And that's a much, much more challenging task. And I would say the same is true of Beyonce. Yeah, that's interesting. I think one thing historically that we, and you mentioned this, is that there has been this expectation that performers should stay in their lane and subcapacity, right? Like singers should sing and movie stars should be beautiful and act in movies. And I think that that expectation has mostly been levied on white performers.
It's like whiteness should not be political, which, you know, that's statement in and of itself. Whereas performers of color, there's always been an expectation that like you're, in part because like you're very presence, your popularity is political that there is a false. Yeah, it's understood to be political.
Yes, there is an expectation that you should also like, if you don't speak out, if you are a person of color, then like somehow you aren't using your platform and in the way that is expected. And I think like what we now expect of Taylor Swift is also what is a cultural expectation of white women more generally, which is like, you can't be complacent. Like it's not enough.
And the thing that people will point to the most specifically with Taylor Swift, and this came up a lot with Matt Healy because he'd made controversial comments around queerness and about queer people. And they were like, well, she has declared herself to be a queer ally and she has used queer coded imagery and all of her work. Therefore, she is profiting off her queer fans.
And like, therefore, like she can't profit off of them and then like make her concert not a safe space by possibly dating someone who said some stuff we don't like. Right. Well, I think that like some of this connects to to larger star theory, which is essentially that like a star needs to have a coherent image, right?
And when something happens, when they date someone, when they say something, when they're caught doing something that does not fit within that coherent image, that is when it becomes scandalous. So we can look at her connection to Matt Healy as scandalous because of exactly what you were laying out.
Whereas like Olivia Rodrigo, maybe there would be some scandal if she hadn't done the work both in the lyrics to her songs and in other parts of her image to separate herself from this image as a child star. Yeah. Like Brittany, for instance, like did not necessarily do that work, right? Like there are other stars who have not successfully made that transition.
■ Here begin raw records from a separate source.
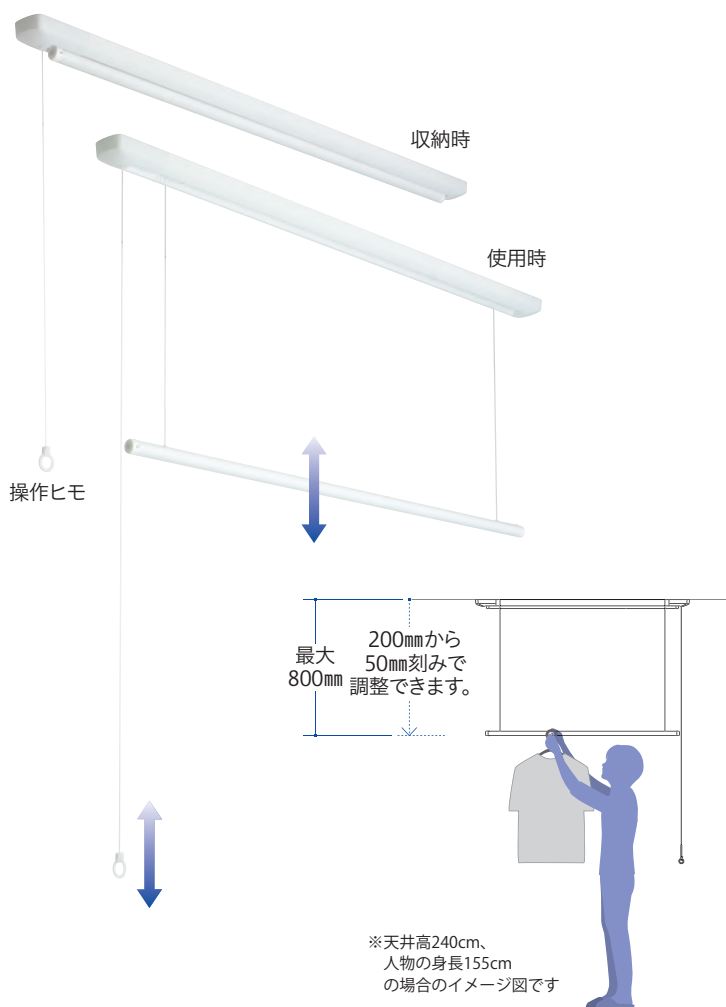

手軽に竿の高さが変わられて、すっきり収納。操作ヒモで昇降させるタイプ 室内用物干 昇降式（操作ヒモタイプ）

UTM-L-W

ヒモを引くだけの手軽な操作で、簡単に竿を昇降させることができます。また、操作棒などの取外すパーツがなく管理がしやすいので、賃貸住宅にもお勧め。入居者様へのアピールポイントにもなります。

竿をお好みの高さに調整

荷重目安ガイド

天井保護のため、洗濯物の掛け過ぎに対して竿の両端部にある窓に赤いサインを表示して注意を促します。(8kg超時)

※洗濯物を掛けて竿を昇降することはできません。
(昇降可能な製品としてURM型・URB型を推奨します。)
※UTM型、UTMP型は面付タイプのみです。

竿をお好みの位置にセットできます

※故障や誤作動の原因となりますので、操作ヒモや操作棒は急激に引かないでください。

ホスクリーン

UTM 型 PAT.

昇降式の室内物干。ヒモで竿の高さを変え、干しやすい位置でご使用いただけます。

仕様

◆全長	UTM-S	1255mm
	UTM-L	1710mm
◆竿の昇降幅(0mm)	/(200~800mm) ◆荷重目安ガイド	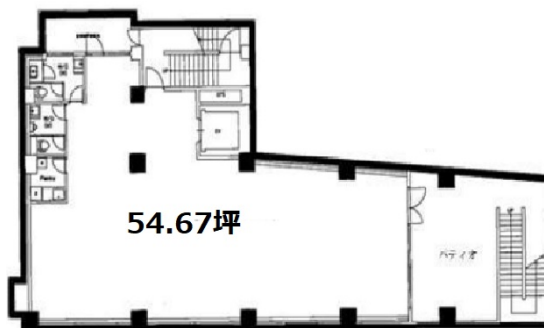

SR広尾ビル 地下1階54.67坪

東京都渋谷区広尾5-19-4

物件MAP

賃貸条件	
坪数	54.67坪
階数	B1階
入居可能日	

ビル情報	
所在地	東京都渋谷区広尾5-19-4
最寄り駅	東京メトロ日比谷線 広尾駅 徒歩4分 JR山手線 恵比寿駅 徒歩13分
エリア	恵比寿・代官山・広尾エリア
竣工	2008年4月
耐震	新耐震基準
階数	地上6階 地下1階
用途	事務所/店舗
構造	S造

設備情報	
エレベーター	1基
空調	個別空調
OAフロア	OAフロア
基準階天井高	
光ファイバー	有り
トイレ	男女別・室外
セキュリティ	有り
駐車場	無し

事務所移転の簡単検索サイト

Quick Service

クイックサービス

SR広尾ビル 地下1階54.67坪 東京都渋谷区広尾5-19-4

恵比寿・代官山・広尾エリア (ビルID: 0009200) の賃貸オフィス

貸事務所・レンタルオフィス・オフィス移転ならQuickService

物件詳細はこちらから

0120-55-2620

Whereas I think Olivia Rodrigo and her team have very successfully allowed her to transition into an adult with a point of view and a feminist and reproducting rights-minded point of view. And that's not to say that she doesn't get any pushback. Yeah. That's gotten significant pushback from conservatives, but that doesn't disrupt her star image, that augment it. So let's get to listen to our questions because this will give us an opportunity to talk about Matt Healy even more.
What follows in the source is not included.